"Homosapien" is a song by English musician Pete Shelley.  It was the first single from his album of the same title, released in 1981, and his first single as a solo performer after rising to fame with Buzzcocks.

Shelley wrote the song in 1974, before forming the Buzzcocks in 1976. Originally intended as a demo track for a Buzzcocks' song, "Homosapien" was recorded in one day with producer Martin Rushent, who would later go on to produce The Human League.
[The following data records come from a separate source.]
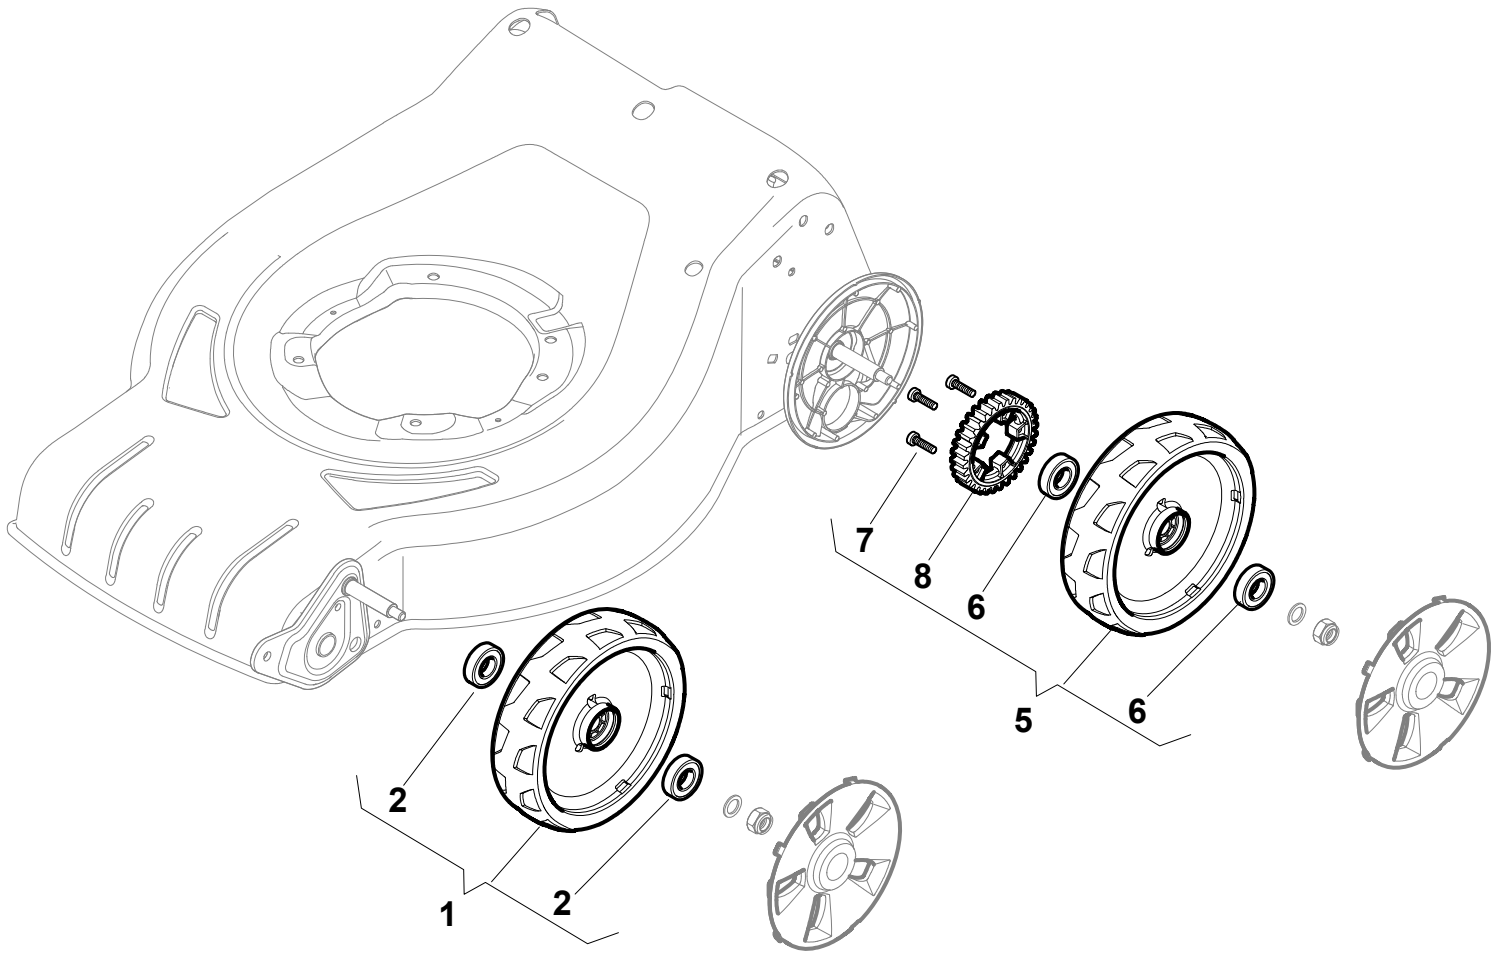

THIS INFORMATION IS NOT INTENDED FOR SALE OR RESALE, AND THIS NOTICE MUST REMAIN ON ALL COPIES.

GLOBAL GARDEN PRODUCTS

N.	CODE	Q.TY	DESCRIZIONE	DESCRIPTION	DESCRIPTION	BESCHREIBUNG	REMARK
1	381004017/0	1	Chassis Rosso	Deck Red	Châssis Rouge	Gehäuse Rot	
2	322108300/0	1	Convogl. Anteriore	Front Conveyor Assy	Ens. Convoyeur Avant	Hinterleitblechvorder	
3	112728699/0	6	Vite	Screw	Vis	Schraube	
4	322108302/0	1	Convogl. Posteriore	Rear Conveyor Assy	Ens. Convoyeur Post.	Hinterleitblechsatz	
5	112728699/0	6	Vite	Screw	Vis	Schraube	
6	322545213/0	2	Piastrina	Plate	Plaquette	Platte	
7	381005139/0	1	Staffa Sx	Bracket, L	Bride G	Pratze, Linke	
8	112727801/0	6	Vite	Screw	Vis	Schraube	
9	381005137/0	1	Staffa Dx	Bracket, R	Bride D	Pratze, Rechte	
10	322060241/0	1	Carter Cinghia	Protection, Belt	Protection Courroie	Schutz, Riemen	
11	322140240/0	1	Deflettore	Deflector	Deflecteur	Deflektor	
12	12728530/0	2	Vite	Screw	Vis	Schraube	

N.	CODE	Q.TY	DESCRIZIONE	DESCRIPTION	DESCRIPTION	BESCHREIBUNG	REMARK
1	381007448/0	2	Ruota Ø 180	Wheel Ø 180	Roue Ø 180	Rad Ø 180	
2	19216035/0	4	Cuscinetto	Bearing	Coussinet	Lager	
5	381007461/0	2	Ruota Ø 180	Wheel Ø 180	Roue Ø 180	Rad Ø 180	
6	19216035/0	4	Cuscinetto	Bearing	Coussinet	Lager	
7	112728706/0	6	Vite	Screw	Vis	Schraube	
8	322120116/0	2	Corona Trascinamento	Ring Gear	Couronne	Kranz	

N.	CODE	Q.TY	DESCRIZIONE	DESCRIPTION	DESCRIPTION	BESCHREIBUNG	REMARK
1	381007442/0	2	Ruota Ø 180	Wheel Ø 180	Roue Ø 180	Rad Ø 180	
2	322042064/0	4	Bussola	Bush	Douille	Buchse	
5	381007460/0	2	Ruota Ø 180	Wheel Ø 180	Roue Ø 180	Rad Ø 180	
6	322042064/0	4	Bussola	Bush	Douille	Buchse	
7	112728706/0	6	Vite	Screw	Vis	Schraube	
8	322120116/0	2	Corona Trascinamento	Ring Gear	Couronne	Kranz	
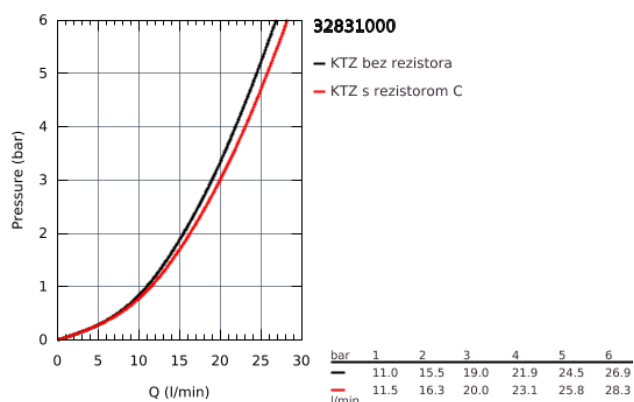

32 831 000 EUROSMART COSMOPOLITAN EUROSMART COSMOPOLITAN PÁKOVÁ VAŇOVÁ BATÉRIA, DN 15

POPIS PRODUKTU

- nástenná montáž
- kovová páka
- keramická kartuša 46 mm s technológiou

GROHE SilkMove

- chrómový povrch s **GROHE StarLight**
- variabilne nastaviteľný obmedzovač prietoku
- nastaviteľné minimálne množstvo 2,5 l/min
- automatické prepínanie: vaňa/sprcha
- perlátor
- integrovaná spätná klapka vo výstupe sprchy DN 15
- S-prípojky
- zaistené proti spätnému toku
- obmedzovač teploty na objednávku (46 308)
- skupina armatúr I, preskúšané podľa DIN 4109

32 831 000 EUROSMART COSMOPOLITAN EUROSMART COSMOPOLITAN PÁKOVÁ VAŇOVÁ BATÉRIA, DN 15

NÁHRADNÉ DIELY

- 1: Kompletná páka (Č. obj. 46682000)
- 2: Kryt (Č. obj. 46427000)
- 3: Kartúša (Č. obj. 46048000)
- 4: Prepínanie (Č. obj. 64309000)
- 5: Prepínanie (Č. obj. 65655000)
- 6: Spätná klapka (Č. obj. 08565000)
- 7: Perlátor (Č. obj. 13952000)
- 8: S-prípojka (Č. obj. 12662000)
- 9: Prípojný skrutkový spoj DN 15 (Č. obj. 45044000)
- 10: Obmedzovač teploty (Č. obj. 46308000)*
- 11: Predĺženie DN 20, 20 mm (Č. obj. 0713000M)*
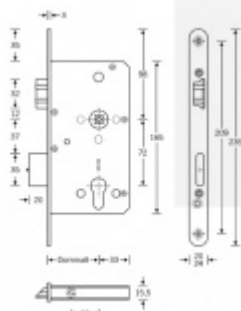

Táhlo a příslušenství k němu je nutné objednat samostatně v příslušenství.

Pro funkci APB je možné specifikovat směr otevírání (dovnitř/ven)

**Paniková funkce B = K** otevření dveří zvenku je třeba použít klíč a následně stisknout kliku. Pro užití únikové funkce (otevření dveří zevnitř i bez klíče) jsou dveře po zabouchnutí zvenku přístupné pouze za pomoci klíče. Po odemknutí cylindrické vložky je možné používat dveře běžně klikou z obou stran.

**Rozteč 72 mm**

**Ořech poniklovaný 9 mm dělený - kování musí být osazeno děleným čtyřhranem.**

**Možnosti provedení:**

**Otevírání:** ve směru úniku, protisměru úniku

**Backset:** 55, 60, 65, 80 mm

**Čelo zámku** nerez, délka 235, šířka: 20, 24 mm
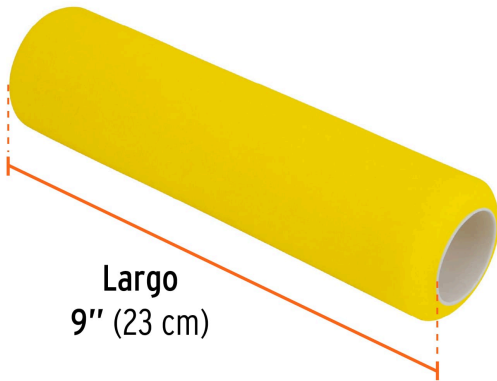

TRUPER

CÓDIGO: 13898 CLAVE: R-ROPI-910E

Felpa para rodillo 9 x 3/8" de esponja, superficies lisas

- Felpa de esponja en color amarillo
- Tubo de polipropileno
- Su gran poder de absorción lo hace ideal para pintar grandes superficies
- Para ROPI-910E marca TRUPER®

Certificaciones y garantías

• Garantizado contra defectos de fabricación o mano de obra. La garantía se puede hacer válida con cualquier distribuidor de TRUPER

Especificaciones

Superficies	Lisas
Largo	9" (23 cm)
Espesor	3/8"
Empaque individual	Bolsa
Inner	6
Máster	48
Pallet	1152

País de origen

Fabricado en China bajo las estrictas especificaciones de GRUPO TRUPER

Imágenes complementarias

Para rodillo de pintura

ROPI-910E

Felpa de esponja

Espesor
3/8"

Largo
9" (23 cm)

EMPAQUE INDIVIDUAL

Peso: 0.07 kg (0.2 lb)

Imágenes complementarias

EMPAQUE INNER

Contiene: 6 piezas

Peso: 0.52 kg (1.2 lb)

EMPAQUE MASTER

Contiene: 8 inner (48 piezas)

The track adopted a synth pop sound in contrast to the Buzzcocks' harsh guitar riffs.

The single was a big hit in Australia and Canada, reaching the Top 10 in both territories, as well as being a modest hit in New Zealand.  Although it failed to cross over to singles charts in Europe or the United States, it was a popular dance track in clubs across both territories and reached number 14 on the Billboard Club Play Singles chart.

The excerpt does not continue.